(REQUIREMENT)
Exact copy without images: repeat every entry as written.

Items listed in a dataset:

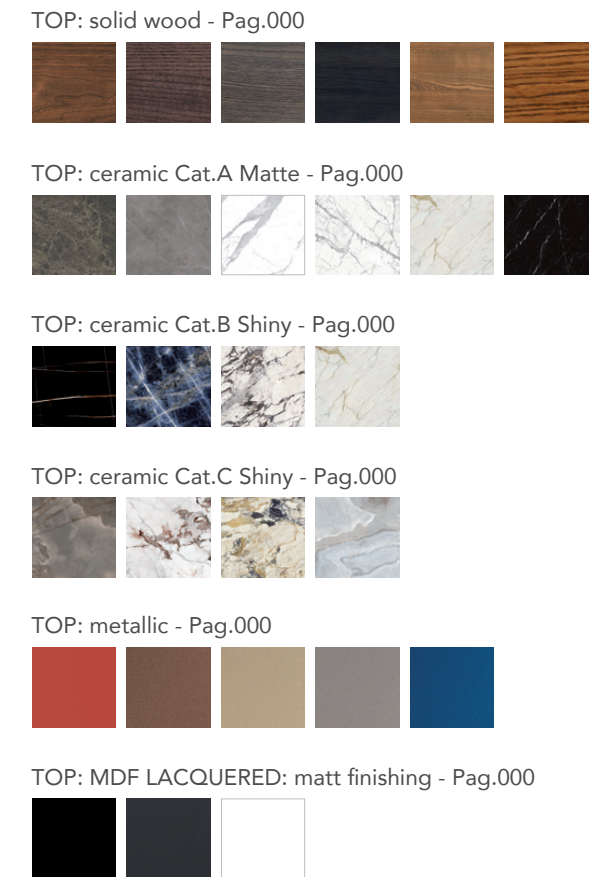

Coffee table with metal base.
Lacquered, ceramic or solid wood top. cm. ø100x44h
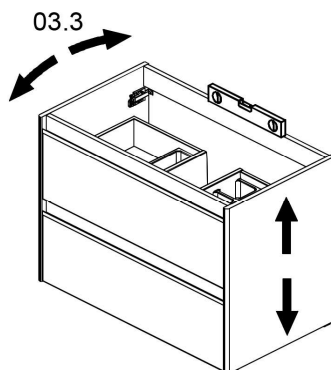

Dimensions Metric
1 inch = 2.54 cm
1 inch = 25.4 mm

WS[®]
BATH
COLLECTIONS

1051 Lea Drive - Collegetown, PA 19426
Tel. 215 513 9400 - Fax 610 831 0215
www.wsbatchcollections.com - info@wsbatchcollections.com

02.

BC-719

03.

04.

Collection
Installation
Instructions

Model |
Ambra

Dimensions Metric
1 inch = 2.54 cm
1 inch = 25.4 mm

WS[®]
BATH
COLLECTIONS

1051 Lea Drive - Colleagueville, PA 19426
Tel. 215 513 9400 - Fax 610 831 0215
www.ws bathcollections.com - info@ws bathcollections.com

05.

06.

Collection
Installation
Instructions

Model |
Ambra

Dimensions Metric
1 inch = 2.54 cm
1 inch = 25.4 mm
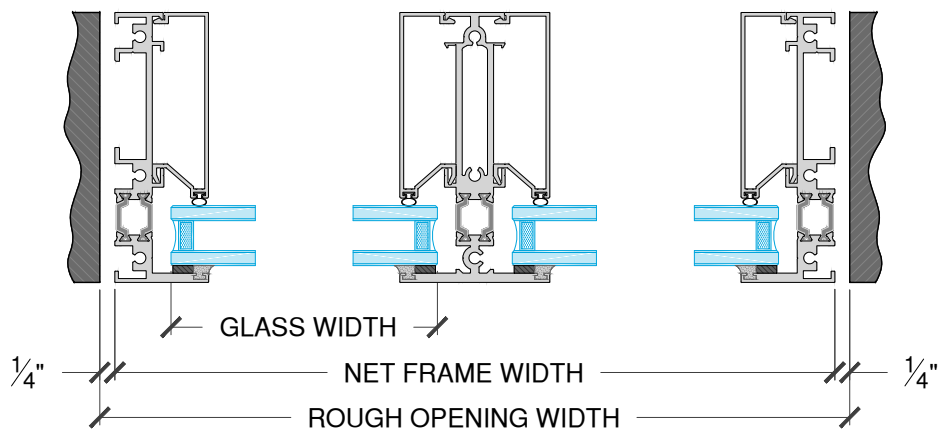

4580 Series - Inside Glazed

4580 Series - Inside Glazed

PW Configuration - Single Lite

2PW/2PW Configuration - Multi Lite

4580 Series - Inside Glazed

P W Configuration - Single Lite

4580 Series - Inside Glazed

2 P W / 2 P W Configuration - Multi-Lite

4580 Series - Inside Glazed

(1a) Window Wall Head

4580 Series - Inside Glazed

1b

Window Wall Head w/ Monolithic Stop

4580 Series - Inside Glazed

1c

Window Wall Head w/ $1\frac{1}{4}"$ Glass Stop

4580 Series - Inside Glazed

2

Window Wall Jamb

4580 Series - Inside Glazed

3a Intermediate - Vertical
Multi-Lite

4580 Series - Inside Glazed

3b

(SOLVED PROBLEM)
Coffee table with metal base.
Lacquered, ceramic or solid wood top. cm. ø100x44h

Dimensions Metric
1 inch = 2.54 cm
1 inch = 25.4 mm

WS[®]
BATH
COLLECTIONS

1051 Lea Drive - Collegetown, PA 19426
Tel. 215 513 9400 - Fax 610 831 0215
www.wsbatchcollections.com - info@wsbatchcollections.com

02.

BC-719

03.

04.

Collection
Installation
Instructions

Model |
Ambra

Dimensions Metric
1 inch = 2.54 cm
1 inch = 25.4 mm

WS[®]
BATH
COLLECTIONS

1051 Lea Drive - Colleagueville, PA 19426
Tel. 215 513 9400 - Fax 610 831 0215
www.ws bathcollections.com - info@ws bathcollections.com

05.

06.

Collection
Installation
Instructions

Model |
Ambra

Dimensions Metric
1 inch = 2.54 cm
1 inch = 25.4 mm

4580 Series - Inside Glazed

4580 Series - Inside Glazed

PW Configuration - Single Lite

2PW/2PW Configuration - Multi Lite

4580 Series - Inside Glazed

P W Configuration - Single Lite

4580 Series - Inside Glazed

2 P W / 2 P W Configuration - Multi-Lite

4580 Series - Inside Glazed

(1a) Window Wall Head

4580 Series - Inside Glazed

1b

Window Wall Head w/ Monolithic Stop

4580 Series - Inside Glazed

1c

Window Wall Head w/ $1\frac{1}{4}"$ Glass Stop

4580 Series - Inside Glazed

2

Window Wall Jamb

4580 Series - Inside Glazed

3a Intermediate - Vertical
Multi-Lite

4580 Series - Inside Glazed

3b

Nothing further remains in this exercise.